* _Aim of the exercise_
Write the records out exactly, so that no picture remains in the copy.

[Stored data entries]
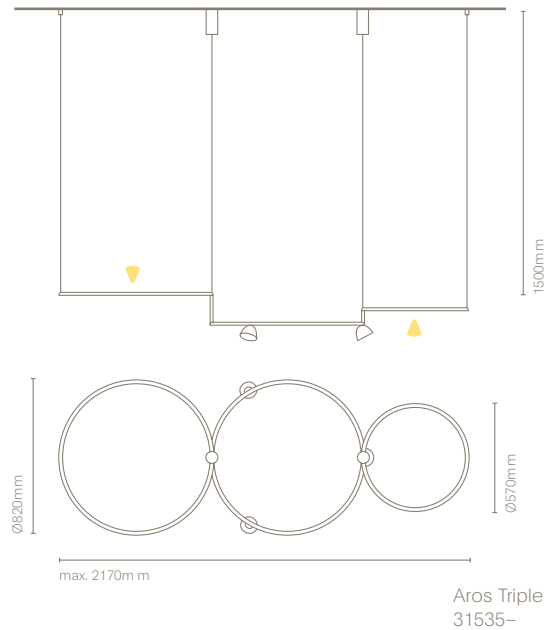

Model:

31535-	COLOUR	CRI/TEMP.	LED
1	Black	C 830	3 6830+1860lm/61+22W

Collection:

Quality certificates:

* _Response below_
Model:

31535-	COLOUR	CRI/TEMP.	LED
1	Black	C 830	3 6830+1860lm/61+22W

Collection:

Quality certificates:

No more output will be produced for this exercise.